I don't want to talk too much about the book because for me, reading it so long after I had read the reviews worked great for me, I didn't have a very clear idea of what was going to happen, except for the basics and I really enjoyed being heartbroken, enraged and creeped out on occasion with the ruthlessness present!

The start gave me a very Braveheart like feel, even if it's set in the mines of Mars, but then the story changes mood and the stakes get higher, we get through a slower part full of fascinating classical science fiction and then we're thrown into politics, war games and simply amazing storytelling weaving it all flawlessly!

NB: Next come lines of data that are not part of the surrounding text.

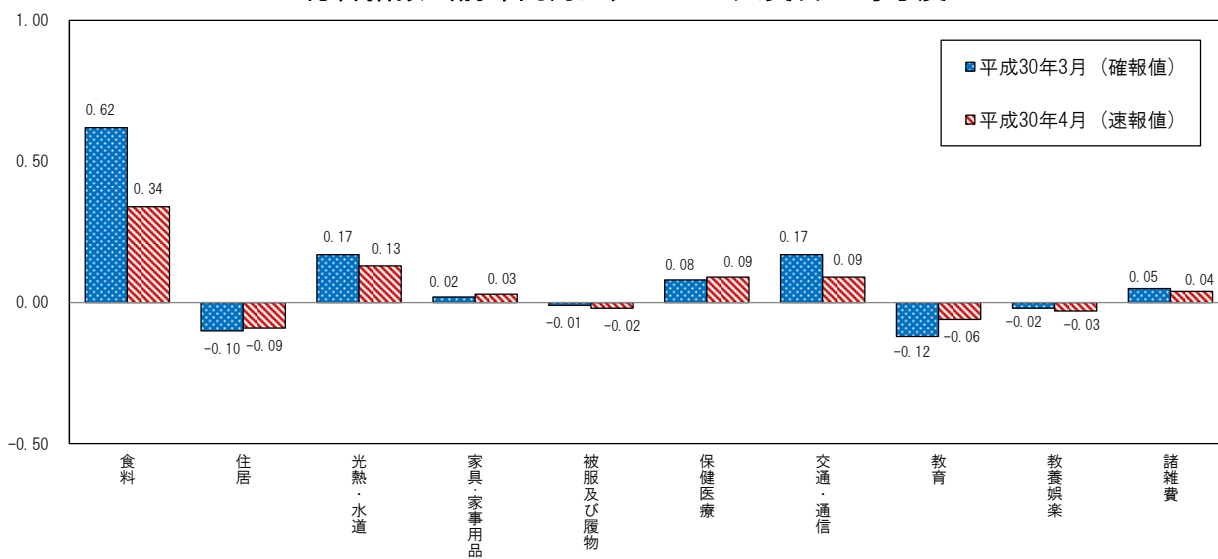

総合指数（前年同月比）への10大費目の寄与度

◇ 全国及び主要都市の動き 【2015年基準】

≪平成30年3月分(確報)≫

平成27年=100

主要都市名	消費者物価総合指数 (総合)	前年同月比 (%)
大阪市	100.3	0.9
全国	101.0	1.1
仙台市	101.1	1.1
東京都区部	100.5	1.0
横浜市	100.3	0.8
名古屋市	100.5	0.9
神戸市	100.9	1.0
広島市	100.9	1.1
福岡市	101.4	0.9
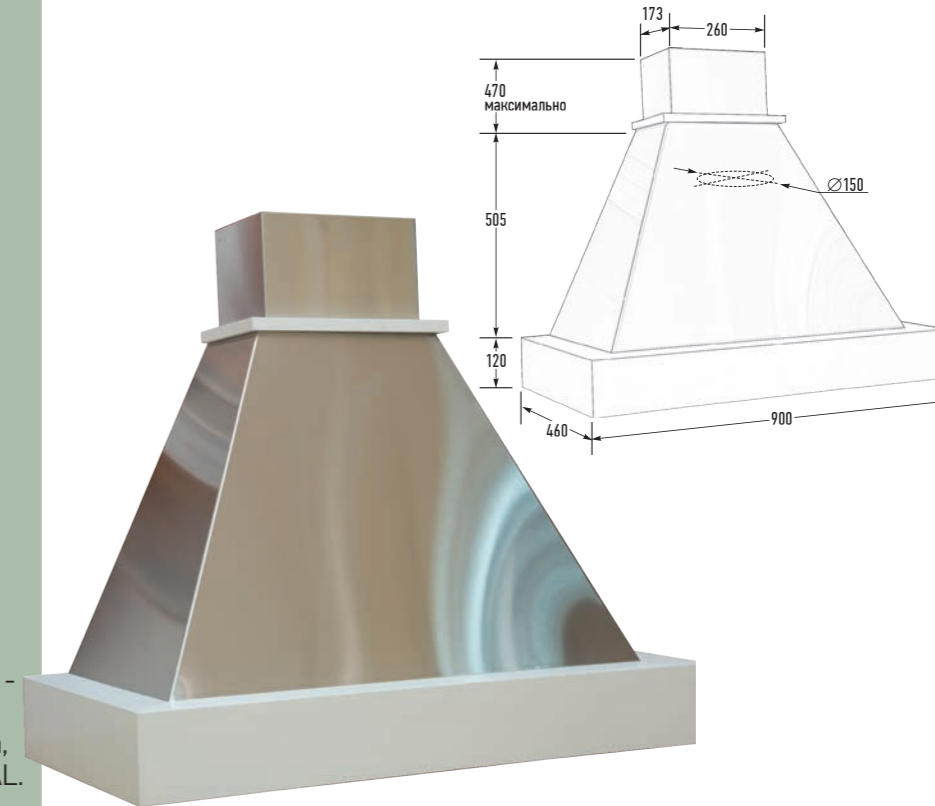

Габариты упаковки (Ш×Г×В), мм:
940 × 560 × 700

MARPLAST
550, 900 м³/ч

галоген,
св.диод. 2x5 Вт

42 – 58 дБ

18 кг

уг. фильтры
доп. опция

БРИТАНИКА 90 ЛОФТ

Купол
металл,
порошковая покраска
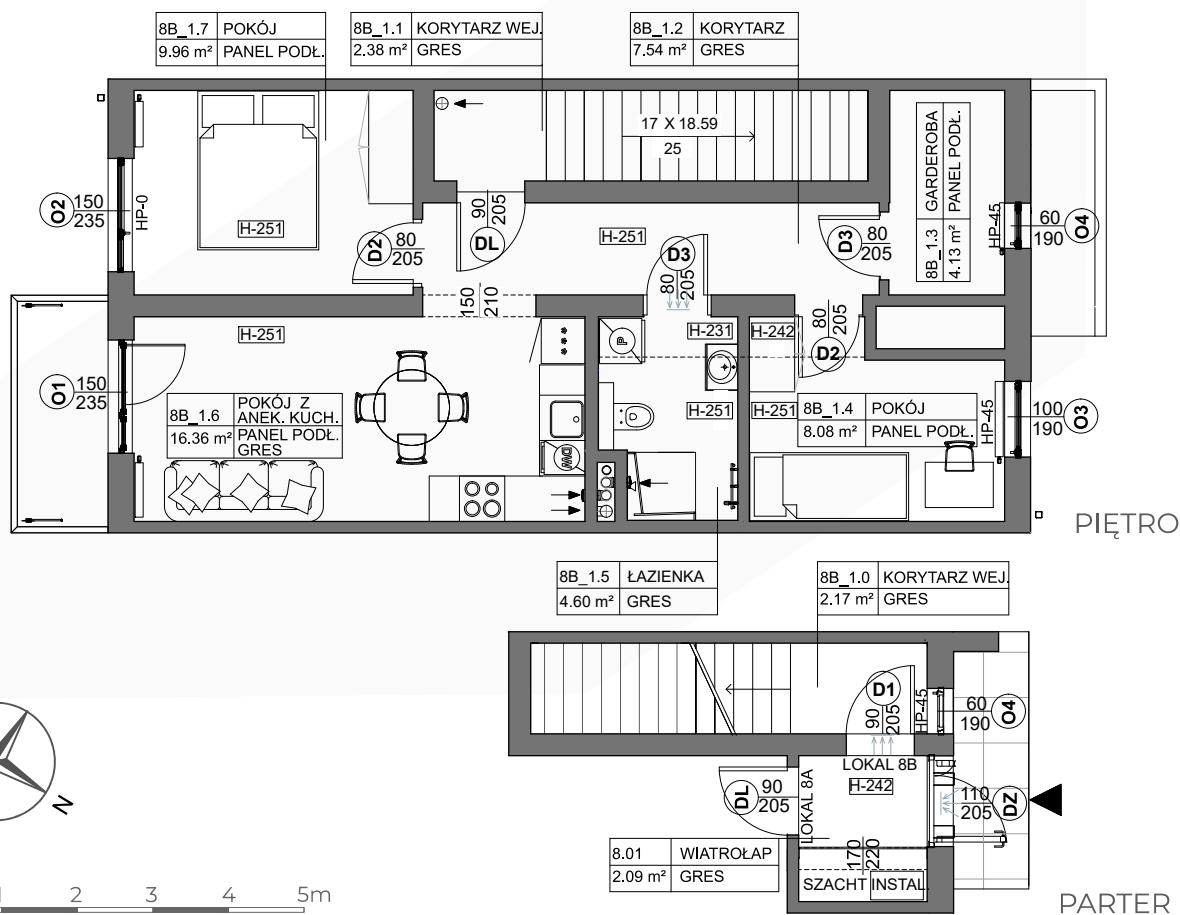

#### SCHEMAT LOKALIZACJI

#### ZESTAWIENIE POMIESZCZEŃ

NR	NAZWA POMIESZCZENIA	POWIERZCHNIA
1.0	KORYTARZ WEJŚCIOWY-PARTER	2.17
1.1	KORYTARZ - PIĘTRO	2.38
1.2	KORYTARZ	7.54
1.3	GARDEROBA	4.13
1.4	POKÓJ	8.08
1.5	ŁAZIENKA	4.60
1.6	POKÓJ+ANEKS KUCHENNY	16.36
1.7	POKÓJ	9.96
+ CZĘŚĆ WSPÓLNA		<b>RAZEM 55.22</b>
	WIATROLAP- 2.09	BALKON 3.58

PIĘTRO

MIESZKANIE 8B

55.22 m<sup>2</sup>

0 1 2 3 4 5m

SKALA 1:100

I don't usually connect too easily with male POVs, but I quite attached myself to Darrow and kept on rooting for him throught his massive rollercoaster of emotions and mental battles. He might be wrong or right, but I couldn't help but understand where he was coming from. He was a flawed character but was always trying to prove himself to the Golds, to himself and to Eo, always.

There are quite a few of unexpected turns thrown here and there that were very welcome to shake both the characters and the reader when we were getting too comfortable and I don't think I saw any of them really coming at all!

So very glad that I read this one before the year ended because I would have missed one of my favourite books of the year and a debut at that! And also very happy that I read it in December because the sequel comes out next month! There's no real evil cliffhanger here, but it does leave you wanting more!

Very much deserved 4.5 stats and very recommended for those you might think they're very much burned out on dystopians!